Please have a supervisor/manager contact me immediately. I really do not wish to engage in a public humiliation campaign against your company. You are sending someone else payroll information!!!!!!!!!!!!!!!  This is crazy!!!!!!!!!!
I get a response, again from Paul Gibbons: "You [sic] ticket has been escalated to myself to review. I will speak with the agent populating our software to establish what is happening and will revert back."  That's awesome. I ask for elevation, and the SAME GUY elevates the issue to HIMSELF.

I decide to take a closer look at the company's website to find contact information for someone outside of support. No luck.  I now have a name of their CISO but am unable to find an email address at the corporate level or via linked in.  I reply to Paul: "Paul, you 'reviewed' it the first time, and did not correct the issue. Please have Jeremy Lloyd contact me, ASAP." To which I received the reply from Paul: 'We will respond once the investigation has been completed.' I give Paul one more chance to fix this.

On June 1, I recieved another email:
There are a couple of things you might want to take a look at
Hi [Redacted - First Name]

As we are able to compare data based on your employees payslips, we want to let you know when we spot something we think you should take a quick look at.

When you log in to your Employer Dashboard you will see "Notifications" at the top right of your dashboard. Click on the link to view the latest notifications for your company. [Redacted - Name of Business, links, rest of email, etc]
In response, I will send Mr. Gibbons a link to this post.

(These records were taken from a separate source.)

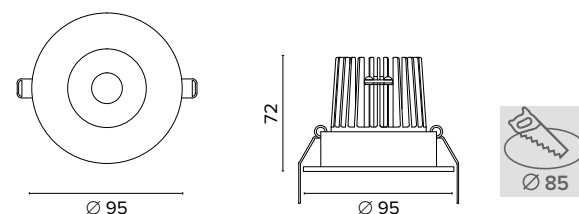

0874
Point Led IP65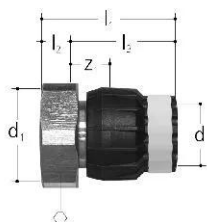

## GF JRG Sanipex MT raccord union de transition 26x1 1/4"

**1158334**

Description : pour tuyaux JRG Sanipex, JRG Sanipex MT

Matériau : bronze, plastique

Raccord : JRG Sanipex MT

Ne convient pas pour un raccord direct aux compteurs d'eau, car le remplacement n'est possible qu'avec la clé dynamométrique à cliquet JRG Sanipex MT.

## Dimensions

Article Unité Hauteur	46
Article Unité Longueur	60
Article Poids unitaire	0,15
Article Unité Largeur	50
Item_UOM	St.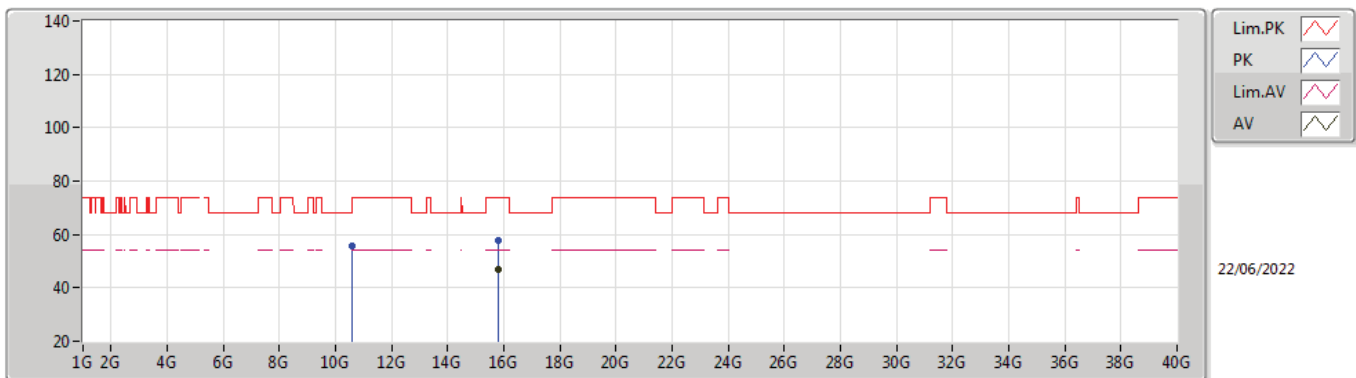

**802.11ax HEW80_Nss1,(MCS0)_4TX
5290MHz_TX**

Type	Freq (Hz)	Level (dBuV/m)	Limit (dBuV/m)	Margin (dB)	Factor (dB)	Dist (m)	Condition	Azimuth (°)	Height (m)	Comment	Raw (dBuV)	AF (dB)	CL (dB)	PA (dB)
AV	15.80216G	46.84	54.00	-7.16	15.27	3	Horizontal	154	1.04	-	31.57	37.99	12.36	35.08
PK	10.57328G	55.49	68.20	-12.71	13.00	3	Horizontal	274	1.44	-	42.49	38.82	9.06	34.88
PK	15.8016G	57.59	74.00	-16.41	15.28	3	Horizontal	154	1.04	-	42.31	37.99	12.36	35.07

Since this saga began, I have received several other emails obviously intended for a person in the UK with a similar email address to mine.  From the information in these emails, I can tell you full names, address, purchases, restaurant reservations, bed and breakfasts where they spent their holiday, etc. I can also tell you that no entry point into various systems required even a simple 'click to confirm this is you' email address confirmation. I could have cancelled a dinner reservation with a simple click.  It sounds a bit scary, but I have to believe most people would do the right thing. 

Advice to developers and analysts, especially with GDPR:

  1. At a minimum, you need a business process to handle a 'I got this email by mistake, it is not intended for me' response from a user. Always. It could be completely manual. But this DOES HAPPEN.
  2. At any entry point into your system - a welcome email or similar - provide a link to initiate that 'incorrect email' business process. Every email from that first contact until the email address is determined to be valid should have a similar link, and NOT disclose personal information. Only consider an address to account valid when a link clicked from an email (or a code sent only via email) is authenticated as being from that user.  This does not need to be a login per-se, but a text message from a registered phone, etc. could all be valid. 
  3. An unconfirmed email address should never be the sole means by which you reset a password or create an account. [NOTE: I did not try to see if I could do this with PayDashboard, as I consider that to be fraud. I would be surprised if I couldn't reset the password].
  4. Some email providers ignore punctuation, like gmail.  Others also allow automatic aliasing, such as gmail, where you can add a "+" with other text and the plus and text are ignored.  This is great for users, as I can filter emails based on this. However, accidental creation or intentional creation of multiple accounts is possible based on wont of a period.  This is something to be aware of, I'm not sure how actionable it is.
  5. You should publish an email address or a method of contact for the executive team of your company. It should be monitored and legit messages forwarded. Sometimes through poor training, incompetence, or merely one person having a bad day, an interaction with your company WILL go poorly. You should give a method to reach the executive team so that these can get handled sooner rather than later.